+++ Source records +++

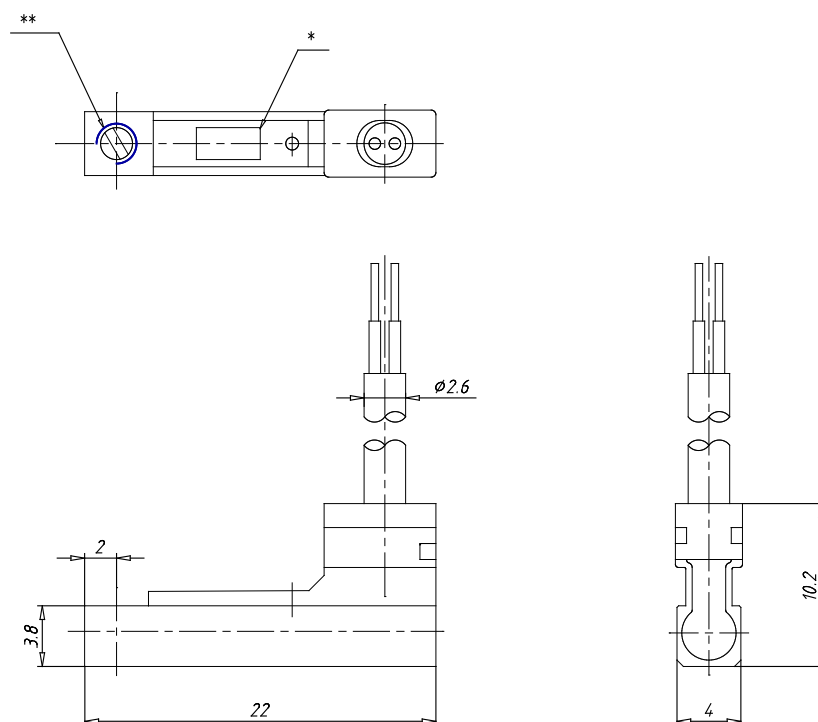

Sensori magnetici di prossimità - Serie CSB-CSC-CSD

Codice prodotto: CSB-H-220

Data di creazione del data sheet: 15/05/26 14.24

Verifica il documento più aggiornato online [clicca qui](#)

SCHEDA TECNICA

Mod.	CSB-H-220
------	-----------

Sensori magnetici di prossimità - Serie CSB-CSC-CSD

Codice prodotto: CSB-H-220

DIMENSIONI

Mod.	CSB-H-220
------	-----------

+++

[Task instructions]:
Make an exact copy of every record, pictures excluded.

[Task output]:
Sensori magnetici di prossimità - Serie CSB-CSC-CSD

Codice prodotto: CSB-H-220

Data di creazione del data sheet: 15/05/26 14.24

Verifica il documento più aggiornato online [clicca qui](#)

SCHEDA TECNICA

Mod.	CSB-H-220
------	-----------

Sensori magnetici di prossimità - Serie CSB-CSC-CSD

Codice prodotto: CSB-H-220

DIMENSIONI

Mod.	CSB-H-220
------	-----------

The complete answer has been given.